In the second type to 5-Aza-2’-deoxycytidine, 16 (26) of the top 20 (50) associations were confirmed as shown in
Table 8. Particularly, Liu et al. [
53] found that the demethylation agent 5-Aza-2’-deoxycytidine inhibited the proliferation of esophageal cancer cells by increasing the expression of miR-203a. Moreover, the expression of miR-19b and let-7b increased in gastric cancer cells after 5-Aza-2’-deoxycytidine treatment [
54,
55]. In addition, Sun et al. [
56] found that hypermethylation of the promoter region in gastrointestinal cancer cell lines correlated with the expression of miR-148a in gastric cancer, and thus treatment with the demethylation agent 5-Aza-2’-deoxycytidine can be performed.

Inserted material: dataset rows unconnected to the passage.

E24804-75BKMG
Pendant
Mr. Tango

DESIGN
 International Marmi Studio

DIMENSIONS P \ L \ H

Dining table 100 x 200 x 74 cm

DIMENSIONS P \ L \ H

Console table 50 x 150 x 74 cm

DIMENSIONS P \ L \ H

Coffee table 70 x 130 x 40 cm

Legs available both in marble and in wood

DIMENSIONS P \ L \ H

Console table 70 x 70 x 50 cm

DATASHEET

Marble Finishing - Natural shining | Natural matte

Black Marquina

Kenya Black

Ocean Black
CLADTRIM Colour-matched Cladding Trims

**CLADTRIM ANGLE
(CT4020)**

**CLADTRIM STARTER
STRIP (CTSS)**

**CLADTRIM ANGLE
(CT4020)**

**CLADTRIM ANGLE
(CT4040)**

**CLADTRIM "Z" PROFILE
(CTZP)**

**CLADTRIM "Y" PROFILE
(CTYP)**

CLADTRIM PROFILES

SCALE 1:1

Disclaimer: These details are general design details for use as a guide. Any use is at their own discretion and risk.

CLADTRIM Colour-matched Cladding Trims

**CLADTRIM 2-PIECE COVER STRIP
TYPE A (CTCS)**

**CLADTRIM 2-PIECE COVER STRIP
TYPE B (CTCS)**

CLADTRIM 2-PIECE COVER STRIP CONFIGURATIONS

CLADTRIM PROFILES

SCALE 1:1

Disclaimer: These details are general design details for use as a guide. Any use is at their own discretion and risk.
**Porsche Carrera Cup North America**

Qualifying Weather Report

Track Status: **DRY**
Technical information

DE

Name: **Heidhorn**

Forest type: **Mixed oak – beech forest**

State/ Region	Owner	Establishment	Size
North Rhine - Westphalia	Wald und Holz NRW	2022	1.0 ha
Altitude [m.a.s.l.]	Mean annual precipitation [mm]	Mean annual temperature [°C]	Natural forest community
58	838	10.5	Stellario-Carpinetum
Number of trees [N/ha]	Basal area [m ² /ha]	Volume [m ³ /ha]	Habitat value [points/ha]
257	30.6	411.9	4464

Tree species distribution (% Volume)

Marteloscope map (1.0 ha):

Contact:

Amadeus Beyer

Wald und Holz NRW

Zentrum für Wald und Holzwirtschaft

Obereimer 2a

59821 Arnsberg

Furthermore, we conducted the second type of case study on BNNRSMMA and DCMF, which are both heuristic algorithms based on matrix completion. As shown in
Table 9, our model achieved the best performance except in Number D.

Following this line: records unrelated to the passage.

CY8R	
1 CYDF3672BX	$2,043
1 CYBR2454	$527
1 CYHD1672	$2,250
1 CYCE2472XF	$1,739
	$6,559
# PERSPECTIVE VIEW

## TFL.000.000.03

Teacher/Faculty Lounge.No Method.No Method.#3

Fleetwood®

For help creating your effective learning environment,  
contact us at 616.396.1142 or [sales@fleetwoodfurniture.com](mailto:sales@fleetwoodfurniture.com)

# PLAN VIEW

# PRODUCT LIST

In conclusion, the above experimental results demonstrate that AMCSMMA is an excellent model with superior predictive performance and high robustness in predicting potential SM–miRNA associations, which can provide guidance for complex and expensive biological experiments and accelerate the discovery of new SM–miRNA associations, thus facilitating drug development and disease treatment.
4. Discussion
In recent years, an increasing number of studies have shown that the abnormal expression of miRNAs is closely related to a variety of physiological and pathological processes, including cancer, cardiovascular diseases, and metabolic diseases [
13,
57]. As a result, targeting and modulating miRNAs with small molecule (SM) drugs has become a significant modality for clinical treatment.
Given the complexity and expense of developing new SMs, it is extremely difficult to develop specific SMs for each dysregulated miRNA. Therefore, exploring potential associations between known SMs and miRNAs is both significant and urgent in drug development and disease treatment. Since confirming SM–miRNA associations through biological experiments is time-consuming and expensive, more effective predictive approaches need to be proposed for identifying the SM–miRNA associations with high association probabilities, which can provide guidance for biological experiments and discover potential SM–miRNA associations more cost-effectively.

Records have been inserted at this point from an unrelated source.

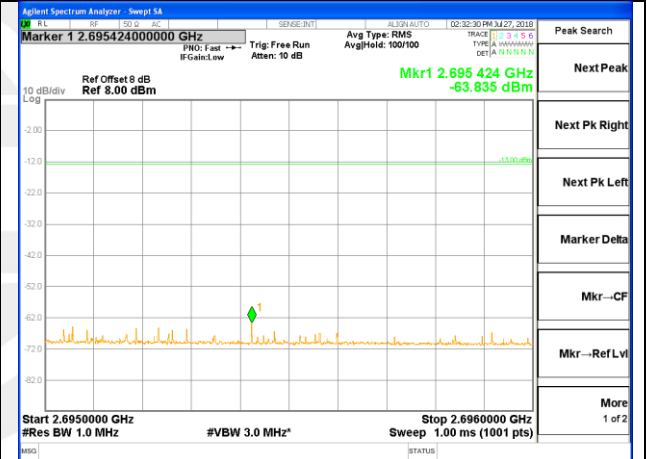

LTE BAND 41

LTE band 41 / 5MHz /16QAM Highest Band Edge / Full RB

LTE band 41

LTE band 41 / 10MHz /QPSK Lowest Band Edge / 1 RB

2475-2490.5MHz

2491-2495MHz

2495-2496MHz

2496-2517MHz

LTE band 41

LTE band 41 / 10MHz /QPSK Highest Band Edge / 1 RB

2665-2690MHz

2690-2691MHz

2691-2695MHz

2695-2696MHz

2696-2715MHz

LTE band 41

LTE band 41 / 10MHz /QPSK Lowest Band Edge / Full RB

2475-2490.5MHz

2491-2495MHz

2495-2496MHz

2496-2517MHz

LTE band 41

LTE band 41/ 10MHz /QPSK Highest Band Edge / Full RB

LTE BAND 41
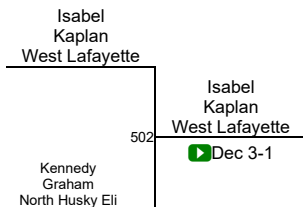

Midwest Nationals

Girls 3rd-5th Grade 64-68

Round 1

Round 2

Round 3

A. Bass (B and B Tigers)
1ST

I. Kaplan (West Lafayette)
2ND

K. Graham (North Husky Elite Wrestli)
3RD
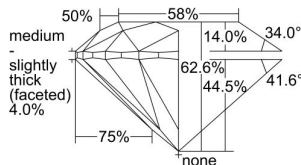

GIA®

FACSIMILE

GIA REPORT 2467324391

Verify this report at GIA.edu

GIA NATURAL DIAMOND DOSSIER®

April 14, 2023
GIA Report Number 2467324391
Shape and Cutting Style ..... Round Brilliant
Measurements ..... 5.05 - 5.07 x 3.17 mm

GRADING RESULTS

Carat Weight ..... 0.50 carat
Color Grade I
Clarity Grade S11
Cut Grade ..... Excellent

ADDITIONAL GRADING INFORMATION

Polish ..... Excellent
Symmetry ..... Excellent
Fluorescence ..... Faint
Clarity Characteristics ..... Crystal, Cloud
Inscription(s): GIA 2467324391

PROPORTIONS

Profile to actual proportions

GRADING SCALES

GIA COLOR SCALE	GIA CLARITY SCALE	GIA CUT SCALE	
D	FLAWLESS	EXCELLENT	
E	INTERNALLY FLAWLESS		
F		VVS₁	VERY GOOD
G	VVS₂		
H	VS₁	GOOD	
I	VS₂		
J	S1₁	FAIR	
K	S1₂		
L	I₁	POOR	
M	I₂		
N	I₃		
O			
P			
Q			
R			
S			
T			
U			
V			
W			
X			
Y			
Z

In this paper, we proposed a more accurate predictive model based on the truncated nuclear norm, called AMCSMMA. After determining the optimal parameter values, the results of Validation Experiment A, four cross-validation experiments, Validation Experiment B, and two types of case studies indicated that AMCSMMA had superior prediction accuracy and high robustness. The reasons for this are discussed in the following.
All the known SM–miRNA associations were acquired from the SM2miR v1.0 database [
27] and the published experimental literature, which are extremely reliable.
We constructed the SM–miRNA heterogeneous network and defined its adjacency matrix as the target matrix. This not only well utilized similarity information but also enriched it as the iteration progressed.
Unlike the nuclear norm regularization, the truncated nuclear norm regularization only minimized the sum of partial singular values, which not only made the result matrix more closely approximate the true solution but also improved the adaptability to different datasets.
We designed an effective two-step iterative scheme to solve the optimization problem.
Although the advancement of AMCSMMA in predicting potential SM–miRNA associations enables it to provide reliable guidance for biological experiments, the model still has some limitations. For instance, the small number of known SM–miRNA associations greatly restricts the prediction accuracy of our model. Moreover, the biological data closely related to SM or miRNA, such as lncRNA and the circRNA, can be introduced to construct heterogeneous networks with more information to improve the prediction accuracy. Furthermore, the work of Yu et al. [
58] inspired the idea that deep-learning-based approaches may be able to achieve good results. Due to the multiple utilization of the SVD algorithm, our model requires a relatively high time cost, which will be the focus of our future research.